The analysis draws principally on interview accounts, but also uses documents to add additional contextual information to the overall narrative. Documentary sources consulted include position papers, reports and regulatory guidelines of relevant institutions including the Office of the President (Office of the President of Uruguay, Citation2023), the Institute for the Regulation and Control of Cannabis (Institute for the Regulation and Control of Cannabis, Citation2023), the Drug Control Board (Junta Nacional de Drogas, Citation2016), the Ministry of Public Health (Ministerio de Salud Pública, Citation2020) and the National Secretariat to Combat Money Laundering and Terrorist Financing (SENACLAFT, Citation2018), the United Nations Drug Conventions (United Nations, Citation1961; United Nations Convention against Illicit Traffic in Narcotic Drugs and Psychotropic Substances, Citation1988), the Financial Action Task Force International Anti-money Laundering Standards (Financial Action Task Force, Citation1990) the World Bank’s Financial Inclusion Initiative (World Bank, Citation2020a) and the USA Patriot Act (Citation2001) and US federal Controlled Substances Act (1970). News reports about the implementation process and information gathered from the websites of non-governmental organisations identified as relevant to the policy process were also analysed.

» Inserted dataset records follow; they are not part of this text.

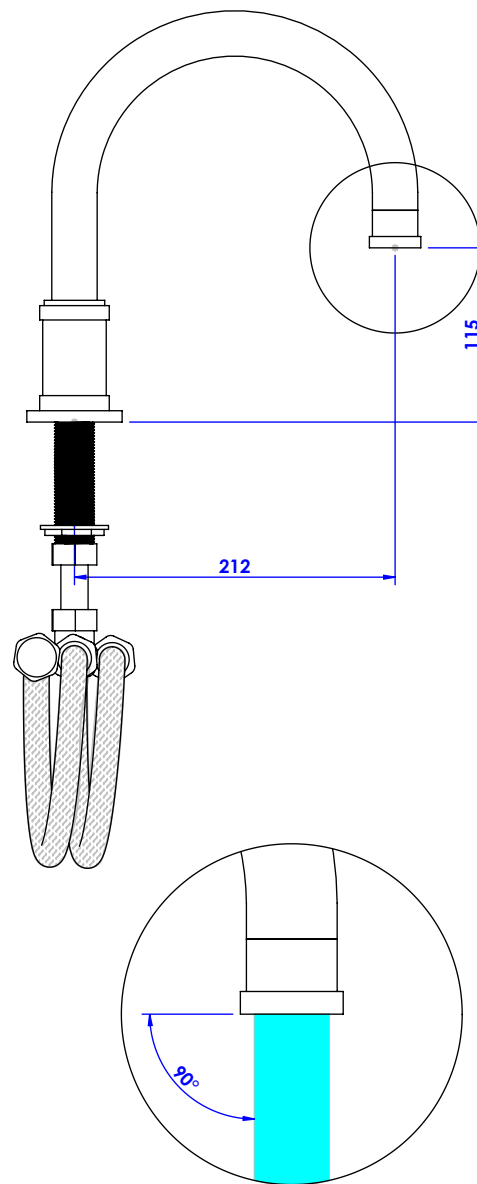

Collections : Chester & Quadrille

Bec de bain sur gorge(v2). L. 212 mm. - Rim mounted bath spout (v2). L. 212mm

Chester, Chester Luxe, Chester à man. & Chester Luxe à man.

Ref : S83-3S2L

Ref : S84-3S2L

Ref : S85-3S2L

Ref : S86-3S2L

Ref : S87-3S2L

Ref : S88-3S2L

Quadrille & Quadrille à man.

Ref : S89-3S2L

Ref : S90-3S2L

Débit / Flow rate : ...l/min (sous 3 bars).

Pression maxi / max pressure : 5 bars.

ϕ de perçage recommandé.
 ϕ recommended drilling.

Informations :

Fournie avec tête céramique 1/4 de tour. / Provided with ceramic cartridge 1/4 turn.

Raccordement par flexibles inox tressés (lg 300mm). / Connected by stainless steel hoses (lg 11,80 inch)

Vidage fourni sur demande / Bathtub drain on demand

serdaneli
PARIS

21/09/2021 -1

Except for four interviews, most (n = 39) were conducted in Spanish and face-to-face. For the interviews not conducted in person, these were carried out with international experts via Skype and in English, as this was the native language of these participants. Interviews were recorded, transcribed and uploaded to Nvivo qualitative software for analysis using an iterative, thematic approach. Interviews were analysed alongside documentary data to identify the most relevant external pressures and obligations – based on the perceptions of interview participants – to Uruguay’s cannabis policy process, organised by international treaties, international norms and practices and extraterritorial impacts of national legislation in other jurisdictions. To enhance the robustness of this work, direct quotes from participants are presented in the findings. Note that interview accounts represent the views of individual officials or representatives and not that of a government agency or organisation. All interviewees signed a written consent and agreed to being digitally recorded. This study received ethical approval from the University of Edinburgh’s School of Social and Political Science.

Results

International treaties and conventions

It had been widely expected that passage of Uruguay’s cannabis legislation would be jeopardised by its international obligations under the UN drug conventions, which limit its legal production, distribution and sale exclusively to medical and scientific purposes. According to one Uruguayan official, ‘we had problems with the INCB, with the International Narcotics Control Board’, commenting that ‘legalising [cannabis] strongly clashed with the Conventions of Vienna and Uruguay is very respectful of its international participation because it is a small country’.

Although the INCB did attempt to intervene and stop Uruguayan efforts to introduce a regulated cannabis market (International Narcotics Control Board, Citation2013), interviewees viewed its informal pressure and effectiveness as limited. First, respondents felt that the UN drug treaties afford signatory states certain latitude, providing space for policymakers to regulate cannabis for the purpose of protecting public health. As one Uruguayan official noted, the 1961 Single Convention contains a ‘health and welfare’ exemption, which provided legitimate ground for Uruguay to experiment with and ultimately pass an alternative control model than the current international drug system could allow:

We understood we were complying with the spirit of the Conventions because, ultimately, it [cannabis regulation] was another mechanism of legislative control. That Convention was so broad that there were even countries who gave the death penalty for consuming cannabis. To us, this was a violation of human rights … we understood that other countries did not have the possibility of imposing their decision on us, which was sovereign. It was a decision of our country to improve access to public health for our citizens regarding their addictions. (government official)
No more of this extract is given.